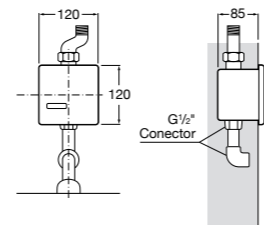

Instant Foot

505127800 Педальный кран. Установка на полу. Подвод одной воды.

Fluent

5A9B24C00 Наружный смывной кран для писсуара.

Смесители для раковин / термостаты Micro-T

Avant

5A0279C00 Термостат Micro-T для смесителя (холодная вода + предварительно смешанная).

Fluent

5A9D24C00 Наружный смывной кран для писсуара. Есо.

Sprint

5A9124C00 Наружный смывной кран для писсуара.

5A9317C00 Внешняя трубка для писсуара.

Avant

5A0179C00 Термостат Micro-T для смесителя с одним подводом воды.

Avant

5A9279C00 Наружный смывной кран для писсуара.

5A9317C00 Внешняя трубка для писсуара.

Avant

505326203 Установочный комплект для Micro-T. Гибкий шланг и подсоединения.

Смывные краны для писсуаров / встраиваемые / электронные

Sentronic-S

5A8102C00 Электронный смывной кран для писсуара. Наружная панель. Хром.

5A8102CM0 Электронный смывной кран для писсуара. Наружная панель. Матовый.

5A8102B00 Электронный смывной кран для писсуара. Наружная панель. Белый.

525165203 Питание от четырех щелочных батареек 1,5 В. Батарейки не включены в комплект. Встраиваемый блок.

525165303 Питание от сети 230 V. Встраиваемый блок.

Instant

5A9277C00 Наружный смывной кран для писсуара.

5A9317C00 Внешняя трубка для писсуара.

Смывные краны для писсуаров / встраиваемые / порционно-нажимные

Instant

5A9077C00 Встраиваемый смывной кран для писсуара.

Fluent

5A9C24C00 Встраиваемый смывной кран для писсуара.

Avant

5A9079C00 Встраиваемый смывной кран для писсуара.

Смывные краны для писсуаров / настенные краны

Sentronic-V

5A9A79C00 Электронный смывной клапан для писсуара. Питание от одной щелочной батареи 9 V.

525081207 Дистанционный пульт управления для регулировки чувствительной зоны и времени слива сливного клапана Sentronic-V.

Aqualine Confort
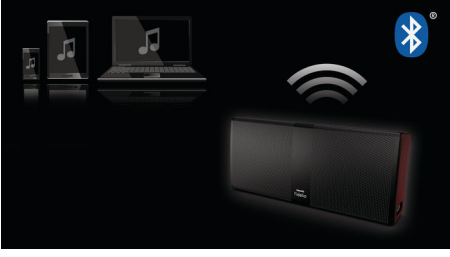

Ses deneyiminizi zenginleŒtirin

- 15 W maksimum ıkıŒ gc
- Dijital Ses Kontrol
- Bas Refleks Hoparlr Sistemi, gcl ve daha derin bas sesler verir

Birden fazla kaynaktan mziđin keyfini ıkarın

- Bluetooth aracılıđıyla kablosuz mzik akıŒı
- MP3-CD, CD ve CD-R/RW alma olanađı
- TaŒınabilir mzik cihazınız iin ses giriŒi
- Kolay MP3 mzik dinlemek iin USB Direct

Kullanım kolaylıđı

- Rahat eriŒim iin motorlu CD ykleyici
- Daha fazla rahatlık iin istasyon ayarlı dijital radyo

PHILIPS

Özellikler

Kablosuz müzik akışı

Bluetooth, kısa mesafelerde kullanılabilen güvenilir ve enerji tasarruflu bir kablosuz iletişim teknolojisidir. Bu teknoloji, iPod/iPhone/iPad veya akıllı telefonlar, tabletler ve hatta dizüstü bilgisayarlar gibi herhangi başka bir Bluetooth özellikli cihaza kolay kablosuz bağlantı sağlar. Böylece en sevdiğiniz müzikleri veya oyun ve videoların seslerini bu hoparlörden kablosuz olarak kolayca dinleyebilirsiniz.

Kolay MP3 müzik için USB Direct

Eksiksiz dosya aktarım özelliği sayesinde dahili USB Direct üzerinden daha fazla dijital müzik dosyasına erişmenin rahatlığıyla keyfinize keyif katacaksınız.

Ses girişi

Ses girişi bağlantısı, Ses girişi içeriğinin taşınabilir ortam oynatıcılardan doğrudan çalınmasına olanak

verir. Ses sisteminin sağladığı üstün ses kalitesiyle en sevdiğiniz müziğin keyfini çıkarma avantajı sunmasının yanı sıra, yapmanız gereken tek şey taşınabilir MP3 çalarınızı ses sistemine takmak olduğundan Ses girişi son derece kullanışlıdır.
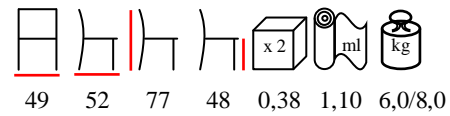

LINDA/S

chair - stained beechwood - upholstered

sedia - faggio tinto - imbottita

DIRK2/S

chair - stained beechwood - upholstered

sedia - faggio tinto - imbottita
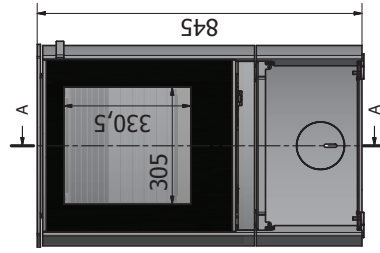

MÄTTRITNINGAR

8326550
Q-line C 85 Classic

S

RAISattika®
ART OF FIRE FEUERKULTUR

MÅTTRITNINGAR

RAIS® attika[®]
ART OF FIRE FEUERKULTUR

S

8326560
Qi-Fee C 85 Glass
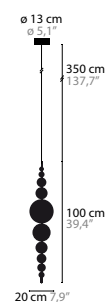

# TEARS FROM MOON

DESIGN BY COEN MUNSTERS

**13070 > 13073 H12**  
**13074 > 13077 H12+12**

**13110 > 13113 H20 XL**  
**13114 > 13117 H20+20 XL**

**13010 > 13013 H1 XL**
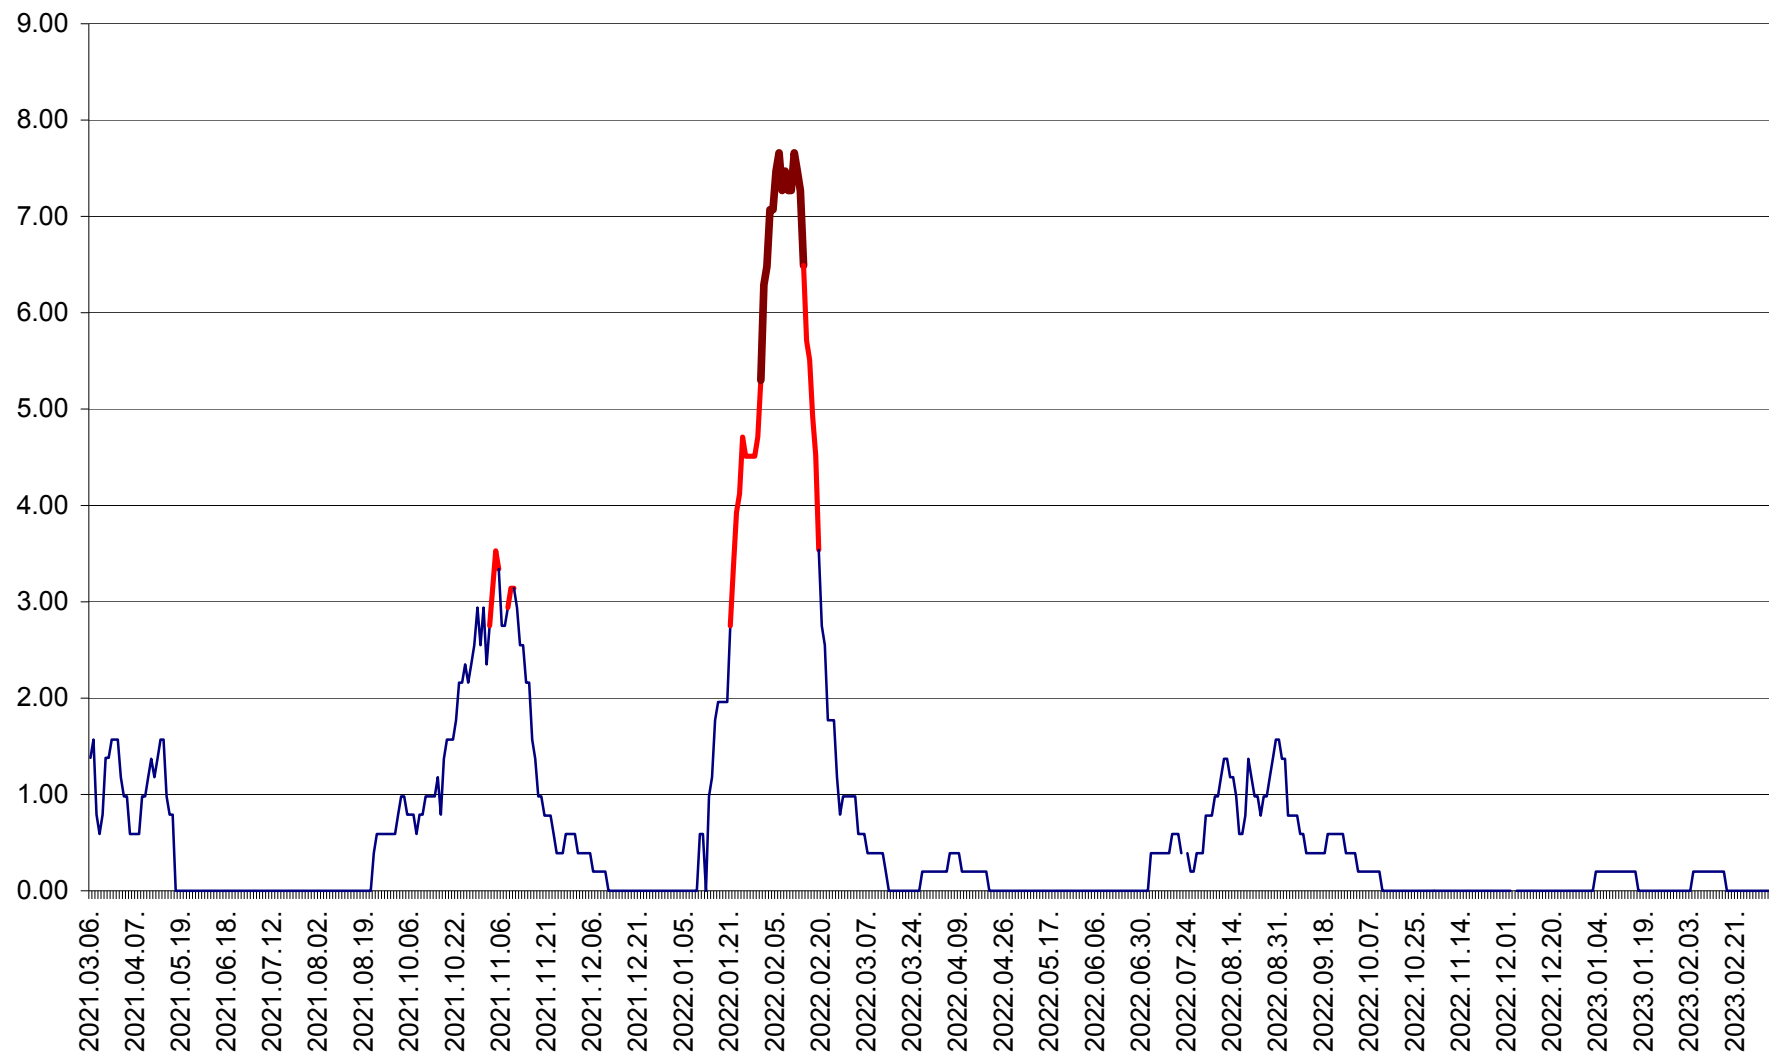

ORAȘ BĂLAN - Evoluția incidenței cumulate pe 14 zile la ‰ de locuitori
2021.03.07. - 2023.03.10.

BILBOR - Evolutia incidentei cumulate pe 14 zile la ‰ de locuitori
2021.03.07. - 2023.03.10.

ORAȘ BORSEC - Evolutia incidentei cumulate pe 14 zile la ‰ de locuitori
2021.03.07. - 2023.03.10.

BRĂDEȘTI - Evoluția incidenței cumulate pe 14 zile la ‰ de locuitori
2021.03.07. - 2023.03.10.

CĂPÂLNIȚA - Evolutia incidentei cumulate pe 14 zile la ‰ de locuitori
2021.03.07. - 2023.03.10.

CÂRȚA - Evolutia incidentei cumulate pe 14 zile la ‰ de locuitori
2021.03.07. - 2023.03.10.

CICEU - Evolutia incidentei cumulate pe 14 zile la ‰ de locuitori
2021.03.07. - 2023.03.10.

CIUCSÂNGEORGIU - Evolutia incidentei cumulate pe 14 zile la ‰ de locuitori
2021.03.07. - 2023.03.10.

CIUMANI - Evolutia incidentei cumulate pe 14 zile la ‰ de locuitori
2021.03.07. - 2023.03.10.

CORBU - Evolutia incidentei cumulate pe 14 zile la ‰ de locuitori
2021.03.07. - 2023.03.10.

CORUND - Evolutia incidentei cumulate pe 14 zile la ‰ de locuitori
2021.03.07. - 2023.03.10.

COZMENI - Evolutia incidentei cumulate pe 14 zile la ‰ de locuitori
2021.03.07. - 2023.03.10.
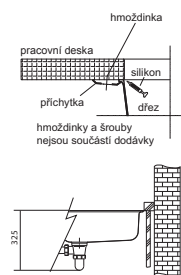

DŘEZ PRO SPODNÍ MONTÁŽ

MRG 110-37
7 502 Kč (vč. DPH)
6 200 Kč (bez DPH)
298 € (vr. DPH)
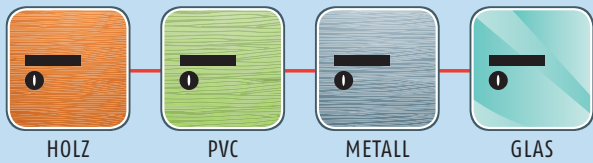

PLANET FINGERSCHUTZ – FÜR FAST ALLE TÜREN!

BANDSEITE / BANDGEGENSEITE

TÜRARTEN

TÜRBLATT

ZEICHENERKLÄRUNG

	Schnellmontage		Einhänge-System QUICK – einfache und praktische Montage!		für stumpfe Türen
	nachträglich verstellbar		witterungsbeständig – auch für Aussentüren		für gefälzte Türen
	Clip-System – einfache und praktische Montage!		handbetätigte Türen		geprüfte Qualität – getestet für 1 Mio. Prüfzyklen
	Positionierhilfe		kraftbetätigte Türen EN16005		für Feuerschutztüren geeignet
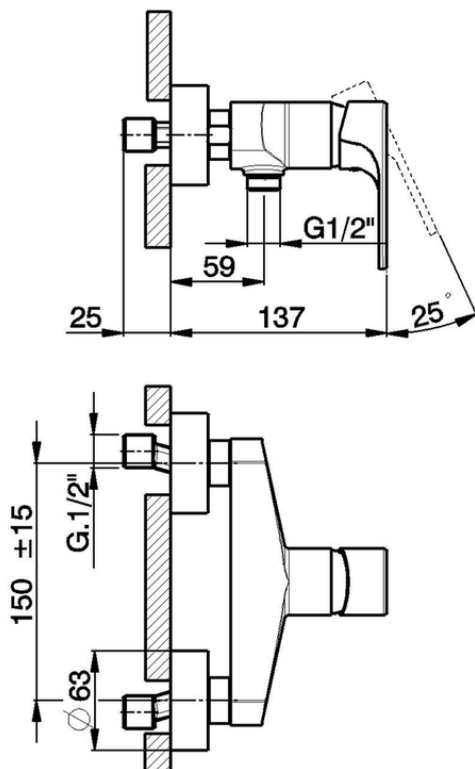

Miscelatore monocomando doccia H3_AH000440

AH000440

<https://www.huberitalia.com/miscelatore-monocomando-doccia-h3-ah000440>

2026-05-03

- TASK TO CARRY OUT: If a line in the records above contains "смесителя", copy that line.

- WRITTEN SOLUTION:
5A0279C00 Термостат Micro-T для смесителя (холодная вода + предварительно смешанная).
5A0179C00 Термостат Micro-T для смесителя с одним подводом воды.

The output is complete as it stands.